(Records contained in a dataset)
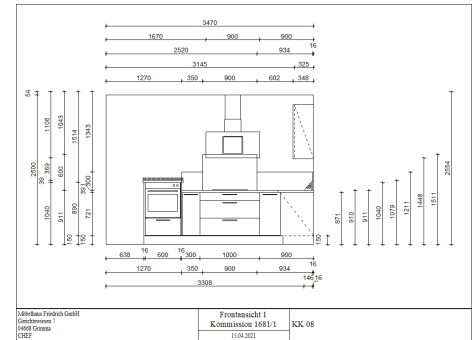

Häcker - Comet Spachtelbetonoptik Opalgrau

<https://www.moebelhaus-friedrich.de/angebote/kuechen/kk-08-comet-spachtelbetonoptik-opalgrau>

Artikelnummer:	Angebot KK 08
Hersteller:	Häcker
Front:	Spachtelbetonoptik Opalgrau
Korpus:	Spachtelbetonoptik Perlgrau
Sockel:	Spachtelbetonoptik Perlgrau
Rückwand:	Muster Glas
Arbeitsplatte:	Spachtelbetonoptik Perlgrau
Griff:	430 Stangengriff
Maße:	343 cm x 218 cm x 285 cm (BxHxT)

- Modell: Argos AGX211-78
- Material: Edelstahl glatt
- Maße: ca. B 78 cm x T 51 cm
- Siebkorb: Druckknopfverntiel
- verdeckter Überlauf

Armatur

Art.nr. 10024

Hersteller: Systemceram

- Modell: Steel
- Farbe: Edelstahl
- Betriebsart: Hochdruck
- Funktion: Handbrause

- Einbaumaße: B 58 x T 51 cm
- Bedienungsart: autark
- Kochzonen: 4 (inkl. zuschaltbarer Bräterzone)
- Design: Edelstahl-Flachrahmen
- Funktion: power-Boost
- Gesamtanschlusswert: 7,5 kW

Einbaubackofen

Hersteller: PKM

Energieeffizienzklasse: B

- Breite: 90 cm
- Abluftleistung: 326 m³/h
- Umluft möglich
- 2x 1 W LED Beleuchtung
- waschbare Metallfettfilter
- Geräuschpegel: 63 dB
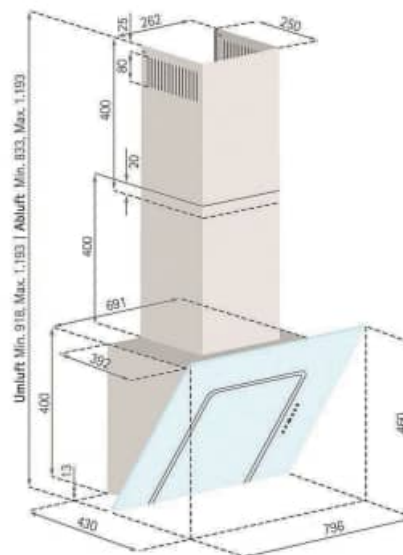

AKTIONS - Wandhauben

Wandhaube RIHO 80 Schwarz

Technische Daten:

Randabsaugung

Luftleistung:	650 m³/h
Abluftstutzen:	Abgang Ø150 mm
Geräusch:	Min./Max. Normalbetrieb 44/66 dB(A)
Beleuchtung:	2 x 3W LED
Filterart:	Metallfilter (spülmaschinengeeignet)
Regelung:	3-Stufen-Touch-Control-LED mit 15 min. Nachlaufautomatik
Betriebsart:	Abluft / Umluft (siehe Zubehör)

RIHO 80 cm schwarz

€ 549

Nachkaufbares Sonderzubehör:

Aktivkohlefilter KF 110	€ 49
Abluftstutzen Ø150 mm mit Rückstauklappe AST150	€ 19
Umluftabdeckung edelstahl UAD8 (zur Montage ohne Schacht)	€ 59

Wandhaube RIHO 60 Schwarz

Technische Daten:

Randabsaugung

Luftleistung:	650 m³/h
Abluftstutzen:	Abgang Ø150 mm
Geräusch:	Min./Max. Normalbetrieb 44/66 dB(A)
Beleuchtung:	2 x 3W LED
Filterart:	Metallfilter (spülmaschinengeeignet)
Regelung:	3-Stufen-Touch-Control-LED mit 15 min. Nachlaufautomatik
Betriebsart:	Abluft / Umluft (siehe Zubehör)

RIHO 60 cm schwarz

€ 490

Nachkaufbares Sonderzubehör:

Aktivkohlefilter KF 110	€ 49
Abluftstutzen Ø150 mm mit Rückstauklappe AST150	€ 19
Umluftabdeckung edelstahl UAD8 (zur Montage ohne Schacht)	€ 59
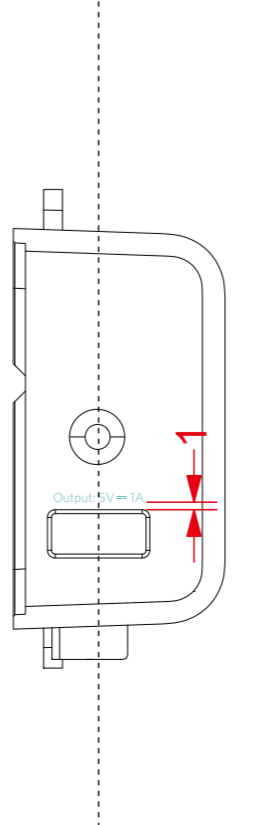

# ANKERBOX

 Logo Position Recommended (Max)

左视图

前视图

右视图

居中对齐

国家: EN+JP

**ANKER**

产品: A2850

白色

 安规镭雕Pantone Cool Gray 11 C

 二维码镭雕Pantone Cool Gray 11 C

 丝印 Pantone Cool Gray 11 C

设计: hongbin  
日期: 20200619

▸ Exercise aim
Give the records a second time exactly, keeping the images out.

▸ Problem solution
Häcker - Comet Spachtelbetonoptik Opalgrau

<https://www.moebelhaus-friedrich.de/angebote/kuechen/kk-08-comet-spachtelbetonoptik-opalgrau>

Artikelnummer:	Angebot KK 08
Hersteller:	Häcker
Front:	Spachtelbetonoptik Opalgrau
Korpus:	Spachtelbetonoptik Perlgrau
Sockel:	Spachtelbetonoptik Perlgrau
Rückwand:	Muster Glas
Arbeitsplatte:	Spachtelbetonoptik Perlgrau
Griff:	430 Stangengriff
Maße:	343 cm x 218 cm x 285 cm (BxHxT)

- Modell: Argos AGX211-78
- Material: Edelstahl glatt
- Maße: ca. B 78 cm x T 51 cm
- Siebkorb: Druckknopfverntiel
- verdeckter Überlauf

Armatur

Art.nr. 10024

Hersteller: Systemceram

- Modell: Steel
- Farbe: Edelstahl
- Betriebsart: Hochdruck
- Funktion: Handbrause

- Einbaumaße: B 58 x T 51 cm
- Bedienungsart: autark
- Kochzonen: 4 (inkl. zuschaltbarer Bräterzone)
- Design: Edelstahl-Flachrahmen
- Funktion: power-Boost
- Gesamtanschlusswert: 7,5 kW

Einbaubackofen

Hersteller: PKM

Energieeffizienzklasse: B

- Breite: 90 cm
- Abluftleistung: 326 m³/h
- Umluft möglich
- 2x 1 W LED Beleuchtung
- waschbare Metallfettfilter
- Geräuschpegel: 63 dB

AKTIONS - Wandhauben

Wandhaube RIHO 80 Schwarz

Technische Daten:

Randabsaugung

Luftleistung:	650 m³/h
Abluftstutzen:	Abgang Ø150 mm
Geräusch:	Min./Max. Normalbetrieb 44/66 dB(A)
Beleuchtung:	2 x 3W LED
Filterart:	Metallfilter (spülmaschinengeeignet)
Regelung:	3-Stufen-Touch-Control-LED mit 15 min. Nachlaufautomatik
Betriebsart:	Abluft / Umluft (siehe Zubehör)

RIHO 80 cm schwarz

€ 549

Nachkaufbares Sonderzubehör:

Aktivkohlefilter KF 110	€ 49
Abluftstutzen Ø150 mm mit Rückstauklappe AST150	€ 19
Umluftabdeckung edelstahl UAD8 (zur Montage ohne Schacht)	€ 59

Wandhaube RIHO 60 Schwarz

Technische Daten:

Randabsaugung

Luftleistung:	650 m³/h
Abluftstutzen:	Abgang Ø150 mm
Geräusch:	Min./Max. Normalbetrieb 44/66 dB(A)
Beleuchtung:	2 x 3W LED
Filterart:	Metallfilter (spülmaschinengeeignet)
Regelung:	3-Stufen-Touch-Control-LED mit 15 min. Nachlaufautomatik
Betriebsart:	Abluft / Umluft (siehe Zubehör)

RIHO 60 cm schwarz

€ 490

Nachkaufbares Sonderzubehör:

Aktivkohlefilter KF 110	€ 49
Abluftstutzen Ø150 mm mit Rückstauklappe AST150	€ 19
Umluftabdeckung edelstahl UAD8 (zur Montage ohne Schacht)	€ 59

# ANKERBOX

 Logo Position Recommended (Max)

左视图

前视图

右视图

居中对齐

国家: EN+JP

**ANKER**

产品: A2850

白色

 安规镭雕Pantone Cool Gray 11 C

 二维码镭雕Pantone Cool Gray 11 C

 丝印 Pantone Cool Gray 11 C

设计: hongbin  
日期: 20200619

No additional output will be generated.